◆ Task instructions
Throughout the records below, find each line holding "Other" and copy it.

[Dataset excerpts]

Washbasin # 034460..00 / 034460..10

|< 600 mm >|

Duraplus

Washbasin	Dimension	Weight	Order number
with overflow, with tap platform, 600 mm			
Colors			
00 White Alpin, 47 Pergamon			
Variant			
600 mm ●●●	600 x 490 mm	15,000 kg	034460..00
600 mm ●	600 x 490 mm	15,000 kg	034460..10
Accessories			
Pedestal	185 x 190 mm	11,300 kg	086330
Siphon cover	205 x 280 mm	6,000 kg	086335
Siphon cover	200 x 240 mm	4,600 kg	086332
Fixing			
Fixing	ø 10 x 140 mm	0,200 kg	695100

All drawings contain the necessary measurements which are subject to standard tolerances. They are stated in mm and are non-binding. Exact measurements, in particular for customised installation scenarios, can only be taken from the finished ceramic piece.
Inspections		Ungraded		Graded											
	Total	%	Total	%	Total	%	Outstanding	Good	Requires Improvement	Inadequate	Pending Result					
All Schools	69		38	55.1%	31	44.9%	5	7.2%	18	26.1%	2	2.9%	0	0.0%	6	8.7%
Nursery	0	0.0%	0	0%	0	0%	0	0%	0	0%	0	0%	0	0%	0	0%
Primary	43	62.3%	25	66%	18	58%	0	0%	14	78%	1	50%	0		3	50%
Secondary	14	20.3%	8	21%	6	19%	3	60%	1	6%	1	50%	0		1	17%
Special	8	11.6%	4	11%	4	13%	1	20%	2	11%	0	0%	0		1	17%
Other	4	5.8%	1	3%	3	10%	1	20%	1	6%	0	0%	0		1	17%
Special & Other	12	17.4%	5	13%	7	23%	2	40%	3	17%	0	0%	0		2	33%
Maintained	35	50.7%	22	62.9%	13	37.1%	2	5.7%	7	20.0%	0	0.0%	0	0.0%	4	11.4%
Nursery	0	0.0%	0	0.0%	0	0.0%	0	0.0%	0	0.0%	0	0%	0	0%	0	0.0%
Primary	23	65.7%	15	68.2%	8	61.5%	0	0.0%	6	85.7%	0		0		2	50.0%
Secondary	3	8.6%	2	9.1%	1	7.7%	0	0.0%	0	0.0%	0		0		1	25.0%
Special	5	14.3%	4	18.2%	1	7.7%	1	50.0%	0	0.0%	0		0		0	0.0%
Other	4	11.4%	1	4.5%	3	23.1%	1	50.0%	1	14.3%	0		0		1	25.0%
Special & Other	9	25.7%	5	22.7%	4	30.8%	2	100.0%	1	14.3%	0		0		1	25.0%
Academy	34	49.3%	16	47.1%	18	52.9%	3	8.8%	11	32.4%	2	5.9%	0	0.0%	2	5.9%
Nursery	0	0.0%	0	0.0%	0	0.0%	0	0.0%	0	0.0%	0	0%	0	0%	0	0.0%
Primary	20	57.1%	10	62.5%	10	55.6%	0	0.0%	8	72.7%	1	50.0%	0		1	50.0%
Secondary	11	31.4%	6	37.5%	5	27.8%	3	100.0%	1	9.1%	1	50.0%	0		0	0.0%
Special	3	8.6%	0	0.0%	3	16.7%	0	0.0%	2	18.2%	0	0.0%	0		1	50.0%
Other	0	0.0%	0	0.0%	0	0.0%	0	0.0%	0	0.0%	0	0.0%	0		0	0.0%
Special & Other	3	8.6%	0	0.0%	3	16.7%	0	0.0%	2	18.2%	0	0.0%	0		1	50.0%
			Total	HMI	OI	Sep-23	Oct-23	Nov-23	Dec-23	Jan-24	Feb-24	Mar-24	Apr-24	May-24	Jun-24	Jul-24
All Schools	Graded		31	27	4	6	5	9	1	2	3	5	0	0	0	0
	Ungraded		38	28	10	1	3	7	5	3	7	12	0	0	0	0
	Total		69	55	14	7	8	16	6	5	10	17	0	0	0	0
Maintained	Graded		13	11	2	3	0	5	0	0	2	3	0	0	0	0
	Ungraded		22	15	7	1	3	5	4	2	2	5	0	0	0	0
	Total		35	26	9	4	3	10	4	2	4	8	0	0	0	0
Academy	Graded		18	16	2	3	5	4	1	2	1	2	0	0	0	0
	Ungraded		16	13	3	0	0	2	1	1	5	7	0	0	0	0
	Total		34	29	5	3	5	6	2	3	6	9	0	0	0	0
...
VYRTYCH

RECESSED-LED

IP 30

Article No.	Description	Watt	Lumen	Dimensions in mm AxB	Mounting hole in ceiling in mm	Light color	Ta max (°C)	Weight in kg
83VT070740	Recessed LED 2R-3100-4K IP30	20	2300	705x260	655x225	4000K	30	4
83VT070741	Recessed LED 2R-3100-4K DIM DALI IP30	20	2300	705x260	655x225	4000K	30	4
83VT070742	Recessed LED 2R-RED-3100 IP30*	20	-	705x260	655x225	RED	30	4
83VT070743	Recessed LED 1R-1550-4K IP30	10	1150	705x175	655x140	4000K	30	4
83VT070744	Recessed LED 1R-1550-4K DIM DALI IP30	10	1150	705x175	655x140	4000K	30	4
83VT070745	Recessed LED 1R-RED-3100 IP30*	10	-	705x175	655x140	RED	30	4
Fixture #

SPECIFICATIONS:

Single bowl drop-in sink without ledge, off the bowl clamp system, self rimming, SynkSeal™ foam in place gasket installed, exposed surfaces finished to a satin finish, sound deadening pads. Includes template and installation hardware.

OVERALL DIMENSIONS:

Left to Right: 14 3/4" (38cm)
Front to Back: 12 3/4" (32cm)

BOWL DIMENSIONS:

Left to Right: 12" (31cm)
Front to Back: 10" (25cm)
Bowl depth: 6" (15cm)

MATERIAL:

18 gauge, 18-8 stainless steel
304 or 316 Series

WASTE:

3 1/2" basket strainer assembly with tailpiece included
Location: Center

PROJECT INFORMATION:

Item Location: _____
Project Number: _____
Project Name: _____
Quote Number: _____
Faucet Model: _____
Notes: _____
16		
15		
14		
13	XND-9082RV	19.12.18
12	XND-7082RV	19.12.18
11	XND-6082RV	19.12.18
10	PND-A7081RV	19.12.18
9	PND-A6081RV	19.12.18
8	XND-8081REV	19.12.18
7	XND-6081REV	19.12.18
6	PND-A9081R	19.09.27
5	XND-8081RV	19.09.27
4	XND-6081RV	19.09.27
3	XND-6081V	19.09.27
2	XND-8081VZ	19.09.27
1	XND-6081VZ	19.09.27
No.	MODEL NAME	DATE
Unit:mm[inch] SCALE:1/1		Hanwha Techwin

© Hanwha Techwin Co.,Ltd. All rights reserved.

◆ Result of this task
Other	4	5.8%	1	3%	3	10%	1	20%	1	6%	0	0%	0		1	17%
Special & Other	12	17.4%	5	13%	7	23%	2	40%	3	17%	0	0%	0		2	33%
Other	4	11.4%	1	4.5%	3	23.1%	1	50.0%	1	14.3%	0		0		1	25.0%
Special & Other	9	25.7%	5	22.7%	4	30.8%	2	100.0%	1	14.3%	0		0		1	25.0%
Other	0	0.0%	0	0.0%	0	0.0%	0	0.0%	0	0.0%	0	0.0%	0		0	0.0%
Special & Other	3	8.6%	0	0.0%	3	16.7%	0	0.0%	2	18.2%	0	0.0%	0		1	50.0%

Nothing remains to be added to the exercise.